Ellen: It’s early morning.  I just walked the dog, took the trash to the bin, came back, lit a stick of incense and am reveling in the scent of the apartment…not so much the fragrance wafting to the ceiling, but the absence of trash.  I’m sure no one’s garbage smells delightful, but in my case, the prime offender was the discarded flower-of-the-week.  Fresh flowers are cheap and long-lasting here, so I sometimes indulge in a few. I erred in the last purchase, though:  a fat, cherubic flowering kale.  I knew vaguely that kale is ornamental cabbage.  What I wasn’t counting on was it – well, smelling like a cabbage!   
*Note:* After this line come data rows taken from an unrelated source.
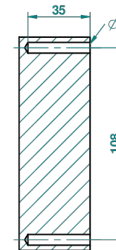

38287

31/05/2010

CARACTERÍSTICAS

- Vogue Onice negro
- Percha de baño

ACABADOS DISPONIBLES

Bronce claro - D01
Cerámica negra mate - D30
Cobre viejo mate - H07
Cromo - A02
Cromo / dorado - G02
Cromo mate - C02

Dorado - F01
Dorado mate - F07
Dorado pálido - F30
Dorado pálido mate (sin barniz) - F31
Níquel - B01
Níquel mate - C01

Níquel viejo - H28
Pvd blush - H62
Pvd blush mate - H60
Pvd color latón - H49
Pvd color latón mate - H50
Pvd color níquel - H55

Pvd color níquel mate - H56
Pvd color oro - H52
Pvd color oro mate - H53
Pvd grafito - H64
Pvd grafito mate - H65
Pvd marrón bronce - F33

Pvd marrón bronce mate - F34
Pvd umber - H66
Pvd umber mate - H67

Bill adored boiled cabbage.  Stuffed cabbage.  Any cabbage.  My reaction to Cabbage Nights reminded me of how Ruth and I behaved on the thankfully few occasions Mother decided to go as ethnic as she ever dared in the kitchen and put together a Chef Boy-R-Dee Pizza Pie.  What was it that passed for cheese in those kits?  Whatever it was sent the two of us into shrieking, nose-holding retreat to our rooms.  I can remember on at least one occasion huddling in Ruth’s room with towels stuffed under the door.  My tastes, like my waist, have expanded over the years, but will never include appreciation of cruciferous vegetables.  While I let Bill’s cabbage dinners pass without the retching, gagging noises Ruth and I made on the pizza pie occasions, I’m sure my expression was much the same.  I always had to grumble that he made the place smell like a tenement.  He’d smirk and attack his slimy dinner with double the pleasure.   
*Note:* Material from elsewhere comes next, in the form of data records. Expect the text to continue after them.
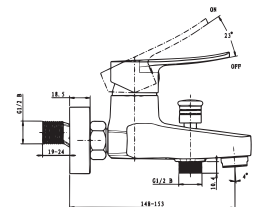

PROJECT

Набір змішувачів для ванни 47565147

Покриття: хром

До набору входить:

Змішувач для раковини,
одноважільний з керамічним картрижем

Донний клапан, різьба 32 мм (1 ¼ дюйма),
гнучка підводка довжиною 30 см та гайкою ½ дюйма

Змішувач для ванни однаважільний
Керамічний картридж

Перемикач душ / ванна

Вихід для душового шлангу ½ дюйма
Фланці та ексцентрикові з'єднувачі ¾ дюйма
Міжосьова відстань 150 мм

Душова штанга з тримачем ручного душу

Душовий шланг

Душова лійка

Cabbage is king here.  It’s almost heresy to admit you don’t like it.  But I don’t, I never will, and now I’ll be as certain to turn it down at the flower stands as at the dinner table. 

Tomorrow our mother would have turned 83.  It still sometimes amazes me that Mother, of all people, died so comparatively early.  I was thinking about her a week ago today, All Souls’ Day, one of Poland’s national holidays…and how at her funeral almost ten years ago, the officiating minister opened with some spiel about it being not a gathering to mark her death, but a celebration of her life.  Even then, it was such a hackneyed phrase, I mentally cringed.  All Souls’ Day elevated this cliché.  What a brilliant spectacle.  Every grave in every cemetery, every monument, was banked with flowers and glowing with candles.  Cemeteries were thronged with people throughout the day and well into the night.  Although there were surely newly bereaved and anguished mourners among the crowds, it was largely a holiday atmosphere. People exchanged hearty greetings, young couples pushed strollers and sometimes towed well-behaved canines along.  Smiles and chatter. There was respect for the dead, but this was evident in shared memories, the extravagant flowers and memorial candles. Lives celebrated, not marked with black, glum silences, or doleful bells.  At midnight my friends and I wandered the largest cemetery in Gdansk.  We reached a valley where the vivid lights of candles for the dead stretched for miles to our left – and the lights of the living, Gdansk’s skyline, pulsed to our right.   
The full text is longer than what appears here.